-- Your goal --
Could you retype exactly the lines below between the one holding "Braço de teto para chuveiro circular." and the one holding "Fordeling af mål og skud", inclusive, leaving out any pictures?

-- Data --

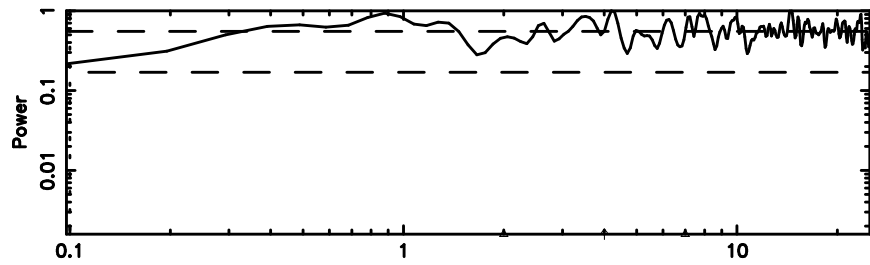

BLK: 7,SNR1: 0.50879E-01,SNR2: 0.15928
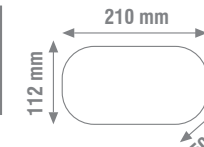

Ürün Kodu	W watt	lümen	fiyat
KDL648	16W	995	10.00 $

40

ÖLÇÜLER

112 mm
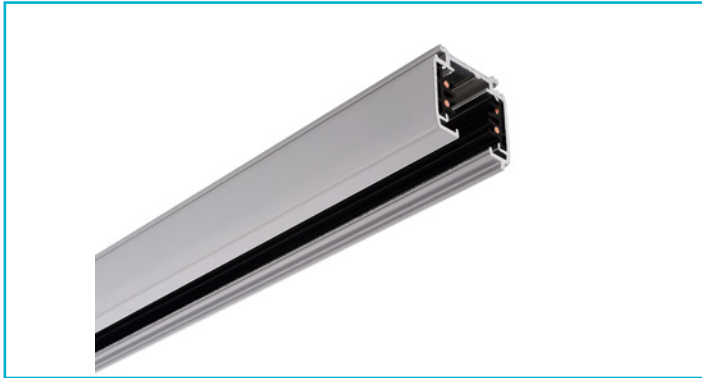

3-Phasen Schienensystem D Line Aufbaustromschiene 3m, Hellgrau

Das neue D LINE Stromschienensystem ist exklusiv bei DEKO-LIGHT erhältlich und durch die teilweise völlig neu konstruierten Komponenten äußerst planungs- und montagefreundlich. Zudem ist es mit allen gängigen Stromschienenadaptern und Leuchten kompatibel. Das edle und zeitlose Design ist in den Farben weiss, schwarz und grau erhältlich und durch die Vielzahl der Zubehörteile und Montagekomponenten sind beim Einsatz und der Installation keine Grenzen gesetzt. Durch die neue Wechselmechanik der 90° und T-Verbinder ist die Planung so einfach wie nie zuvor und die Installation auch komplexer Formen wird künftig zum Kinderspiel.

Besonderheiten

- bis zu 3 Phasen [3x 16A] einspeisbar
- viele verschiedene Befestigungsmöglichkeiten

| | |
|-------------------------|------------------|
| Gehäusematerial | Aluminium |
| Gehäusefarbe | Hellgrau |
| Eingangsspannung | 220-440 V/AC |
| Schutzklasse | I / Schutzerdung |
| Ausgangsstrom | 16 A |
| IP Schutzart | IP 20 |
| Länge | 3000 mm |
| Breite | 35,2 mm |
| Artikelgewicht | 2520 g |
| Höhe | 35,5 mm |
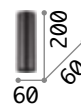

Look

Sockel aus Aluminium gedreht. Lichtverteiler zylindrisch aus Metall weiss oder schwarz matt pulverlackiert oder in messing satiniert.

LED Leuchtmittel LED GU10 7W 3000K inklusive. Art.-Nr.123943

3,070 Kg / 0,0061m³
GU10 max 1x 28W

€ 86

259260 **Weiß**
259277 **Schwarz**

3000 K
610 lm
123943 € 4,50

1,380 Kg / 0,0037 m³
GU10 max 1x 28W

€ 68

233352 **Weiß**
233321 **Schwarz**

3000 K
610 lm
123943 € 4,50

0,740Kg / 0,0025 m³
GU10 max 1x 28W

€ 56

233215 **Weiß**
233192 **Schwarz**

3000 K
610 lm
123943 € 4,50

0,400 Kg / 0,0013 m³
GU10 max 1x 28W

€ 46

233079 **Weiß**
233062 **Schwarz**
285214 **Messing**

3000 K
610 lm
123943 € 4,50

P. 074 P. 371 P. 641
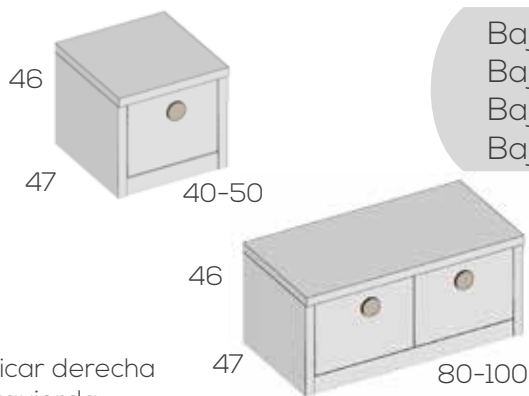

Bajo puertas con tapa

	Ref.	Puntos
Bajo puerta de 40X47	201974	223
Bajo puerta de 50X47	201976	230
Bajo 2 puertas de 80x47	201982	280
Bajo 2 puertas de 100x47	201984	295

Opciones en roble (siempre liso):
Caja 22
Frente puerta unidad 6

Indicar derecha o izquierda

Bajo 2 cajones con tapa y ruedas
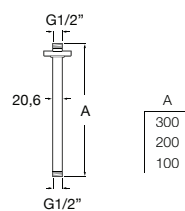

Braço de teto

Braço de teto para chuveiro circular.

A5B0650C00	300 mm	73,60 €
Cromado		
A5B0550C00	200 mm	61,90 €
Cromado		
A5B0550..0	200 mm	89,10 €
Acabamentos Everlux		
A5B0550NB0	200 mm	105,00 €
Preto mate		
A5B0450C00	100 mm	44,80 €
Cromado		

Acabamentos:
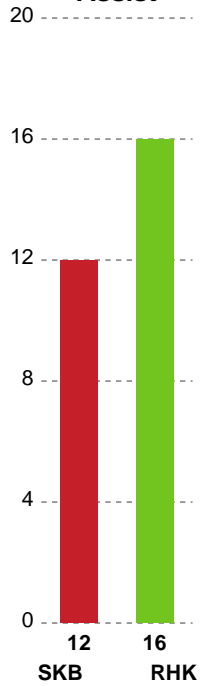

Fordeling af mål og skud

Skanderborg Håndbold - Randers HK - 29-24 (11-11)

Intet billede angivet

326717 / 23.03.2022, 20.00 / Fælledhallen - bane 1 / Bambusa Kvindeligaen - Grundspil

Angrebet sluttede med:

Skuddene endte med:

Teknisk fejl

2 min

Assist

Målforskel i løbet af kampen

Shotplot for Første halvleg

Skanderborg Håndbold - Randers HK - 29-24 (11-11)

326717 / 23.03.2022, 20.00 / Fælledhallen - bane 1 / Bambusa Kvindeligaen - Grundspil

Intet billede angivet

Skanderborg Håndbold

Redningsdiagram

Kontra

Gennembrud

Randers HK

Redningsdiagram

Kontra
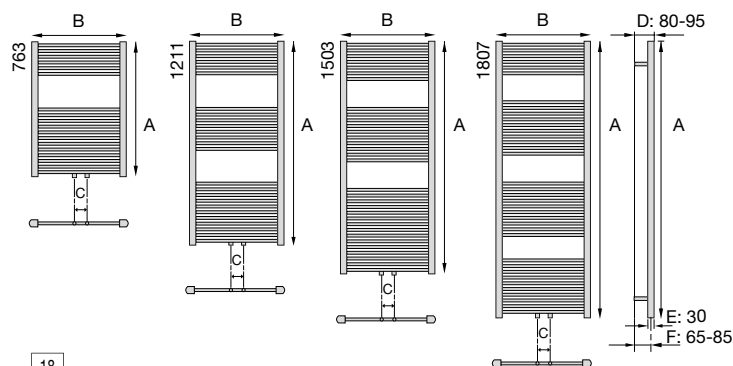

DRL DESIGN **BADKAMER** RADIATOREN

Het model DRL LISA RECHT COMPACT Mat Zwart is in 8 modellen leverbaar. Er zijn 4 hoogtes en 2 breedte maten. Het aantal ronde buizen per radiator is respectievelijk 14, 23, 30 en 35. De diameter van deze buizen is Ø 22 mm. De LISA RECHT COMPACT Mat Zwart, is geschikt voor verticale toepassing.

Materiaal:	Verticale collectoren uitgevoerd in gecoat carbonstaal (D-profiel 30x40mm). Horizontale verwarmingselementen in gecoat carbonstaal Ø 22 mm.
Hoogte:	763, 1211, 1503 en 1800 mm.
Breedte:	500 en 600 mm.
Dieptes:	D: 80-95 mm. E: 30 mm. F: 65-85 mm.
Aansluiting:	Onderzijde 2 x ½" binnendraad midden-onder h.o.h. 50 mm. Bovenzijde 2 x ½" binnendraad voor montage van een ontlufter of blindstop.
Kleur:	Mat Zwart
Accessoires:	Zie tevens DRL BADKAMER radiatoren ACCESSOIRES
Kranensets:	Zie tevens DRL DESIGNKRANEN.
Levertijd:	Mits op voorraad, maximaal 10 werkdagen.
Garantie:	5 jaar fabrieksgarantie op lak en lekdichtheid.

DRL LISA RECHT COMPACT 50mm MAT ZWART

Bijbehorende koppelingset 14/2, 16/2 of 15 mm met
Mat Zwarte rozetten, apart te bestellen.
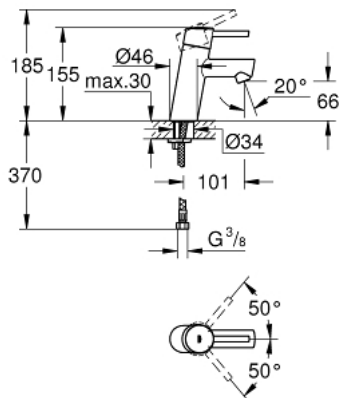

32 240 10E **CONCETTO** ОДНОВАЖІЛЬНИЙ ЗМІШУВАЧ ДЛЯ РАКОВИНИ 3/8" S-РОЗМІРУ

ОПИС ПРОДУКТУ

- Колір: хром
- монтаж на один отвір
- металевий важіль
- GROHE SilkMove 28 мм керамічний картридж
- регулювання витрати води
- із обмежувачем температури
- GROHE LongLife поверхня
- GROHE EcoJoy – технологія неперевершеного потоку при економному використанні води
- максимальна витрата (при тиску 3 бар) 5 л/хв
- аератор із функцією SpeedClean
- GROHE FastFixation система швидкого монтажу
- гладенький корпус
- гнучкі з'єднувальні шланги
- мінімальний рекомендований тиск 1.0 бар
- клас шуму I відповідно до DIN 4109

32 240 10E **CONCETTO** ОДНОВАЖИЛЬНИЙ ЗМІШУВАЧ ДЛЯ РАКОВИНИ 3/8" S-РОЗМІРУ

ЗАПАСНІ ЧАСТИНИ , листопада 2010 – зараз

- 1: Важіль (Артикул запчастини 46753000)
- 2: Фітингове кільце (Артикул запчастини 46715000)
- 3: Картридж (Артикул запчастини 46580000)
- 4: Аератор (Артикул запчастини 13935000)
- 5: Комплект для кріплення хвостовика (Артикул запчастини 46249000)
- 7: Монтажний ключ (Артикул запчастини 19017000)*
- 7: Опорна плита (Артикул запчастини 48165000)*
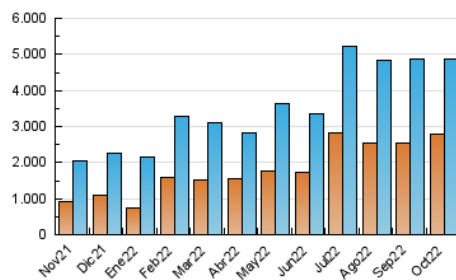

4.3 Por meses

N. únicos / Visitas (x 1000)

-- Answer section --
Braço de teto para chuveiro circular.

A5B0650C00	300 mm	73,60 €
Cromado		
A5B0550C00	200 mm	61,90 €
Cromado		
A5B0550..0	200 mm	89,10 €
Acabamentos Everlux		
A5B0550NB0	200 mm	105,00 €
Preto mate		
A5B0450C00	100 mm	44,80 €
Cromado		

Acabamentos:

Fordeling af mål og skud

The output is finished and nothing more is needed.